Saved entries
---------------
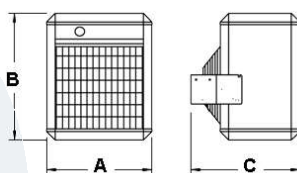

DANE TECHNICZNE

		RT 5	RT 9	RT 15	RT 20	RT 30
Moc termiczna	max	5	9	15	20	30
	min	2,5	4,5	7,5	10	10
Przepływ powietrza	m³/h	480	720	1 300	2 600/ 1 900	2 600/ 1 900
Natężenie dźwięku	dB_A	40	44	47	60 / 52	60 / 52
Wydmuch powietrza (bez ogrzewania)	m	11	12	15	19	19
zasilanie elektryczne*		3 x 400 V + N – 50 Hz				
Zużycie prądu	A	7.3	13.1	21.7	29.5	43.9
Przekrój przewodu		Dobierz 1 mm² przekroju przewodu zasilającego na 7 amper prądu				
Szerokość A	mm	335	405	450	478	478
Wysokość B	mm	255	315	520	576	576
Głębokość C	mm	276	335	510	545	545
Waga	kg	7	10	22	27	31

* Neutralny przewód jest niezbędny do zewnętrznego zasilania wentylatora (jednofazowe 230 V)

RT 15

ZASADY MONTAŻU

Centaurus Solutions and Service
ul. Skłodowskiej Curie 11/3
71-803 Sopot

centaurus@centaurus.com.pl
tel. + 48 507 792 011

www.centaurus.com.pl
+ 48 604 277 276
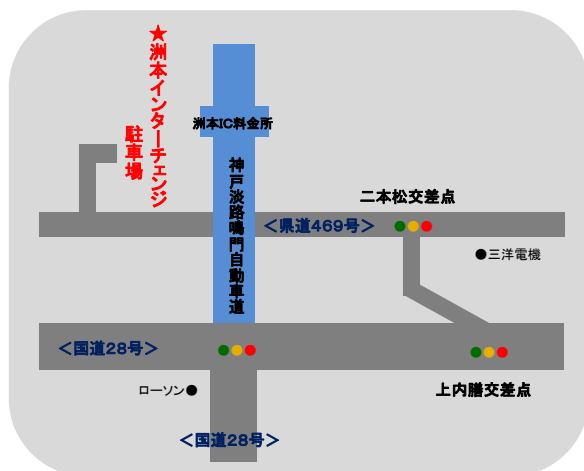

洲本インターチェンジ駐車場のご案内

所在地:洲本市納791

営業時間:24時間営業

収容台数:209台

車両制限:長さ5m、幅1.9m、高さ2.1m以下

駐車形式:自走式平面駐車場

精算方式:自動料金精算機設置

※新500円硬貨は使用できません。

※1万円札、5千円札、2千円札は使用できません。

駐車料金:入庫から1時間まで無料

入庫から24時間ごとに300円
---------------
**Work instruction**
Each line of the data that has the string "powietrza" should be returned.

**Exercise answer**
Przepływ powietrza	m³/h	480	720	1 300	2 600/ 1 900	2 600/ 1 900
Wydmuch powietrza (bez ogrzewania)	m	11	12	15	19	19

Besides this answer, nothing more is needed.